## What is required
Repeat the records exactly, minus the pictures.

(Saved data entries)
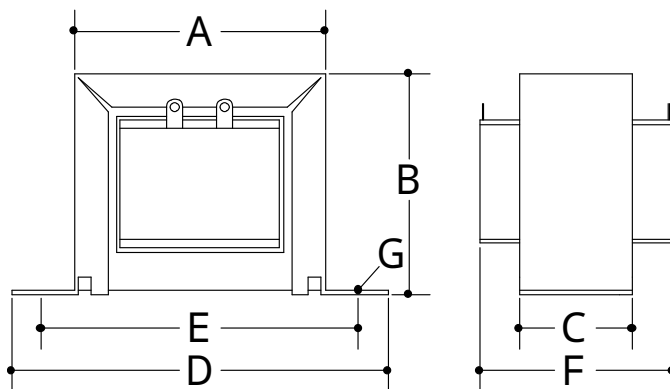

通信器用変圧器 バンドタイプ

L 型

容量別寸法表 (mm)

	A	B	C	D	E	F	G	重量 g
0.8VA	30	26	11.2	44	36	24	3.2×4.5	60
1 VA	37	31	11	50	43	26±	3.2×4	90
3 VA	43	35	15	63	53	30±	4×6	150
5 VA	51	42	20	72	60	38±	4×6	300
10 VA	60	50	22	79	68	41±	4.3×6.5	450
15 VA	60	50	27	82	72	45±	4.5×6.5	550
20 VA	69	59	28	92	81	60±5	4.5×7	800
30 VA	80	68	33	102	93	65±5	5×8	1100
40 VA	80	68	38	109	96	70±5	4.5×6	1400
50 VA	89	75	40	115	102	70±5	4.5×6	1800

別注文によりベーク端子を取り付け致します、上記以外の特殊寸法も出来ます。

## Task output
通信器用変圧器 バンドタイプ

L 型

容量別寸法表 (mm)

	A	B	C	D	E	F	G	重量 g
0.8VA	30	26	11.2	44	36	24	3.2×4.5	60
1 VA	37	31	11	50	43	26±	3.2×4	90
3 VA	43	35	15	63	53	30±	4×6	150
5 VA	51	42	20	72	60	38±	4×6	300
10 VA	60	50	22	79	68	41±	4.3×6.5	450
15 VA	60	50	27	82	72	45±	4.5×6.5	550
20 VA	69	59	28	92	81	60±5	4.5×7	800
30 VA	80	68	33	102	93	65±5	5×8	1100
40 VA	80	68	38	109	96	70±5	4.5×6	1400
50 VA	89	75	40	115	102	70±5	4.5×6	1800

別注文によりベーク端子を取り付け致します、上記以外の特殊寸法も出来ます。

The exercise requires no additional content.